The vocal trade offs on this new record really bring a lot of diversity while at the same time seem to be a nod to a lot of your past hits, such as "Rosanna" and "Home of the Brave." What sort of process went into deciding who would sing what on the duets -- or even trios?

Bobby: This is the desired affect we tried to accomplish on “Falling In Between.” This is an emotional piece of each one of us, and we tried to “put whatever should go there” in it’s place. There were some things I would have loved to sing, but when Luke, David, or Greg sang the part, it was starkly apparent that they were the right ones to do the song. This is how you have to enter a project when it’s a “band-written CD.” I got a whole different viewpoint, for instance, when Greg sang “Let It Go.” I thought I would be singing on that one, but I fell in love with his vocal. It was meant to be.

David: The trade offs were done spontaneously by whomever felt like singing the certain part. There were many possible combinations on "Spiritual Man." KING OF THE WORLD, (which was originally "SMOKE AND MIRRORS" and then became "DEN OF THIEVES") was conceived from the "get go" as you hear it now.

Simon: Well - this is a trademark of Toto's anyway and really it comes naturally.
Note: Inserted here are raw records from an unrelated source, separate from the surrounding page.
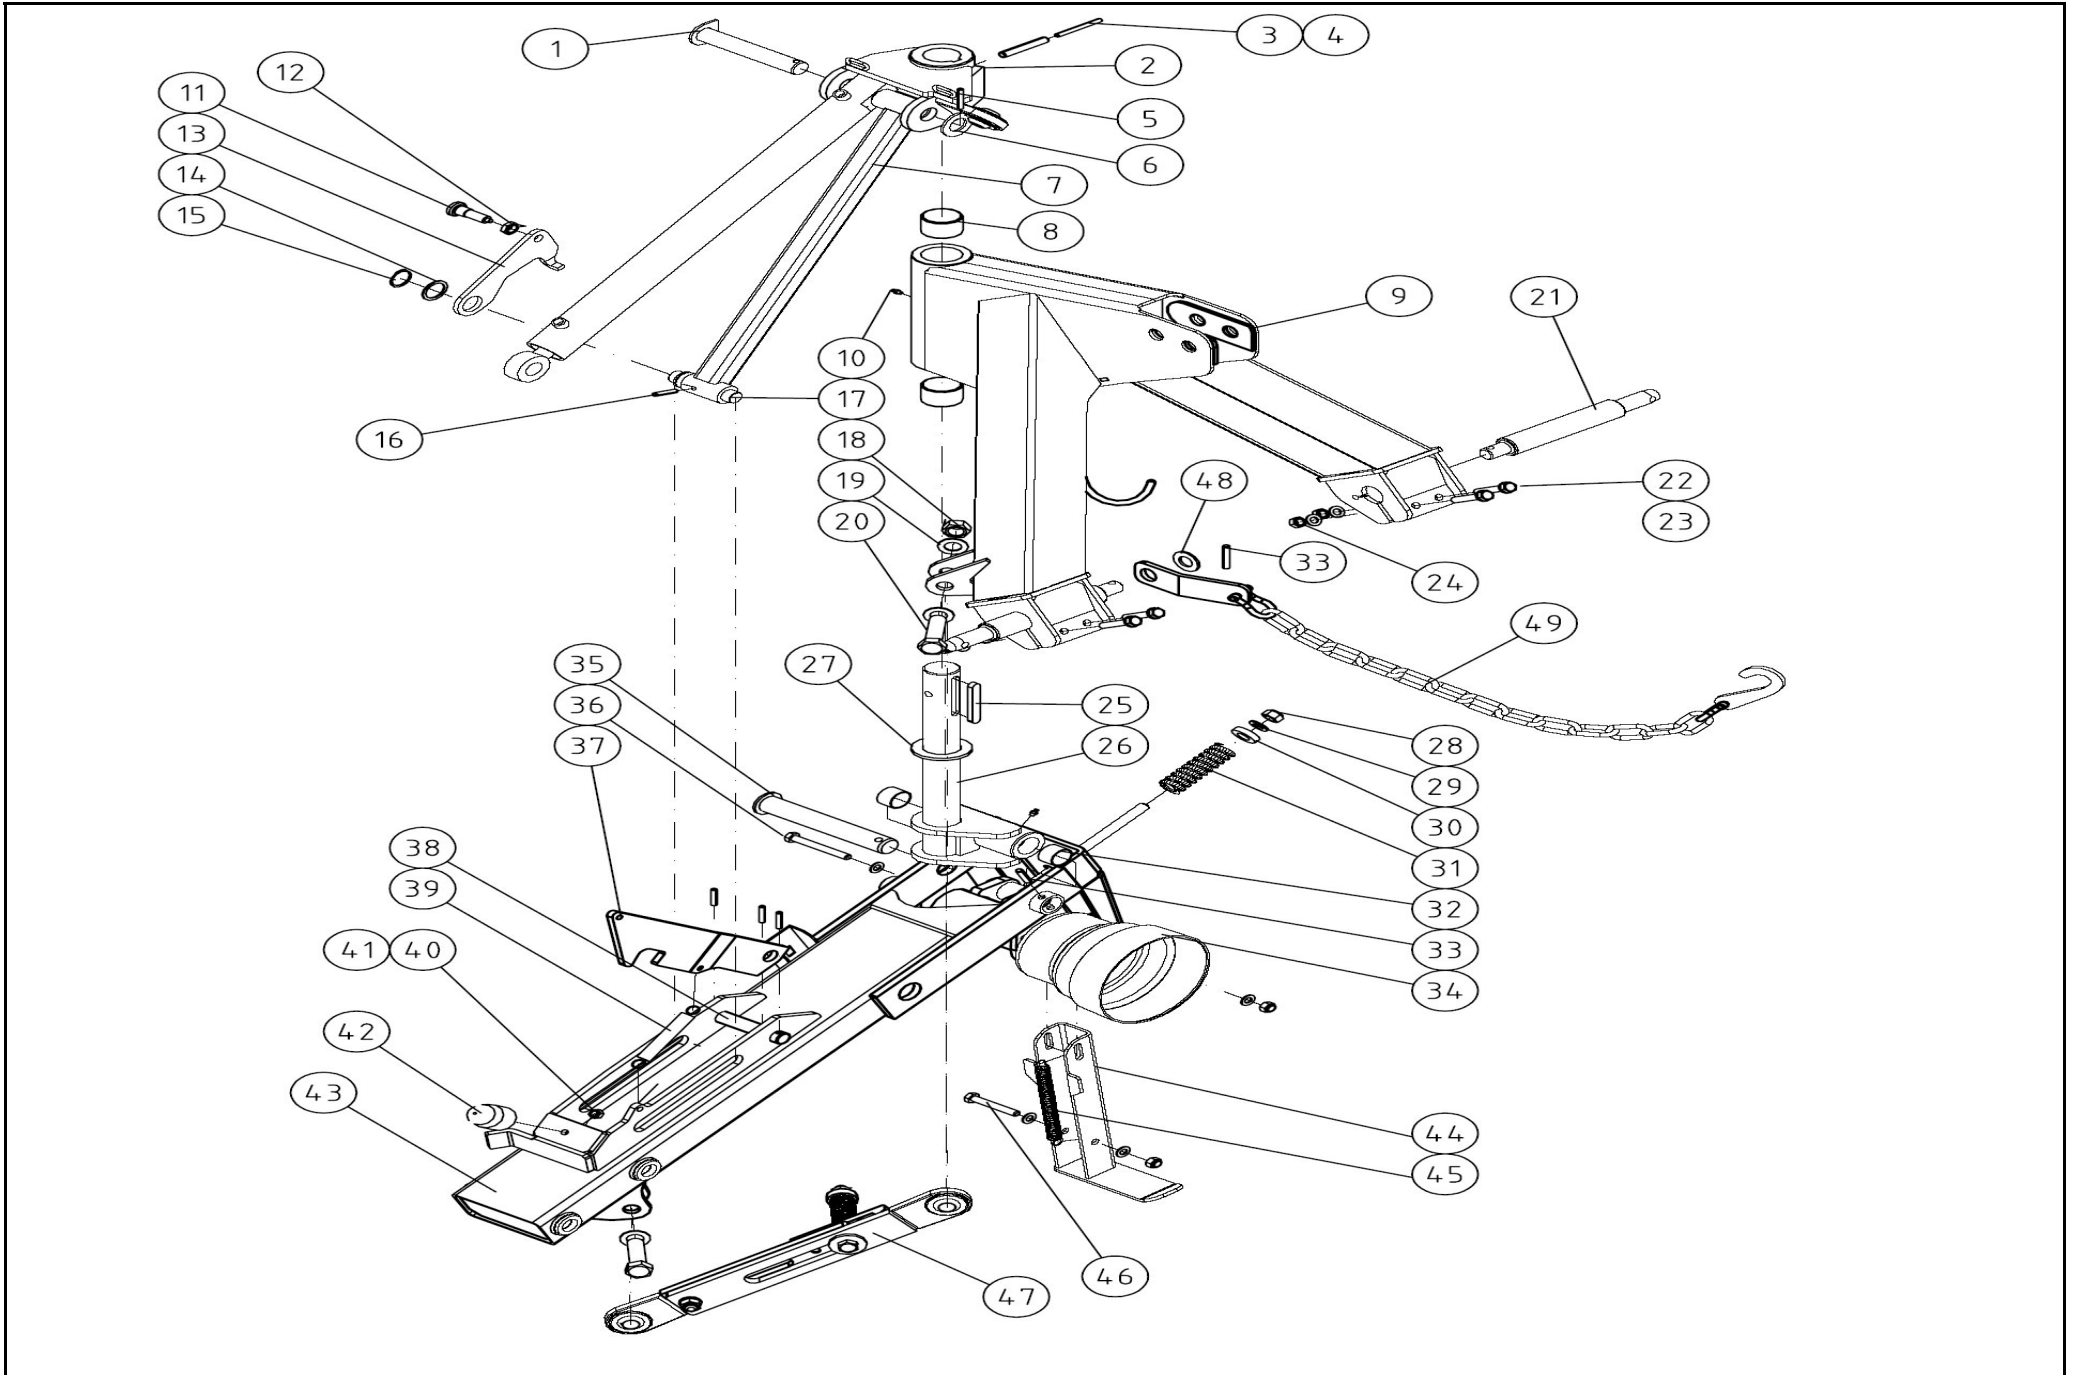

553040							
Pos	Name	Nahme	Benämning	Nimike	Specifikation	NO	Pcs
41	Washer	Scheibe	Bricka	Aluslaatta	DIN 125A M10/10.5 ZN	131770	1
42	Rubber bumper	Gummistopfen	Gummidyna	Kumityyny	Mar-Con 48126	528059	1
43	Frame	Rahmen	Rambalk	Runkopalkki	NK 2007	553200	1
44	Supportjack	Schtutzfuss	Stödfot, svets	Tukijalka	NK 2007	553495	1
45	Spring	Zugfeder	Dragfjäder	Vetojousi	d=3 Dm=22 Lo=203	520870	1
46	Screw	Schraube	6-k Skruv dg	Kuusioruuvi	DIN 931 8.8 M12X80 ZN	130370	1
47	Failsafe	Anfahrtsicherung	Påkörningsskydd, mont	Törmäys suoja		553160	1
48	Washer	Scheibe	Bricka	Aluslaatta	DIN 125A M24/25 ZN	131850	1
49	Limiting chain	Begrenzungskette	Begr.kätting	Rajoituskettinki		521225	1

The song dictates who sings - not the other way round. We didn't consciously think "let's write a song that Dave, Luke and Bobby can all sing." It's just the way the music evolves.

Mike: I think it was more a process of utilizing the fact that we had the voices available for us to bring more interest to the delivery of the song’s lyric. I think it worked very effectively for us.

Luke: It takes a lot of the burden off of any one person. And stylistically, it really sets us apart from other bands. There aren't a lot of other bands out there who use three different vocalists on one song -- without it being the Village People! As far as who sang what, we didn't really think about it. A lot of times, it would be "who wants to try this out?" We read all of the critiques on the site, like bring back more Dave vocals, or more keyboards, and we tried to do that. I really let the keyboards have this one. This is not a full fledged guitar record. I have some cool riffs and stuff that I wrote, but there aren't any flashy solos. I just tried to play melodically. There were a few times where the guys told me to stop playing guitar for my guitar player friends, play the fucking song! I'd play flashy and really fast, and they'd say, "Yeah, that's great for the guitar freaks, but how about the song here?" So I'm sure this time around it will be, "Wah, Lukather didn't play any solos this time around." Well last time around, it was "Too much Lukather, we need more keyboards!" There's no way to please everybody I guess. But this time around with 3 keyboarders, 4 if you include me, there should be plenty of that for everyone!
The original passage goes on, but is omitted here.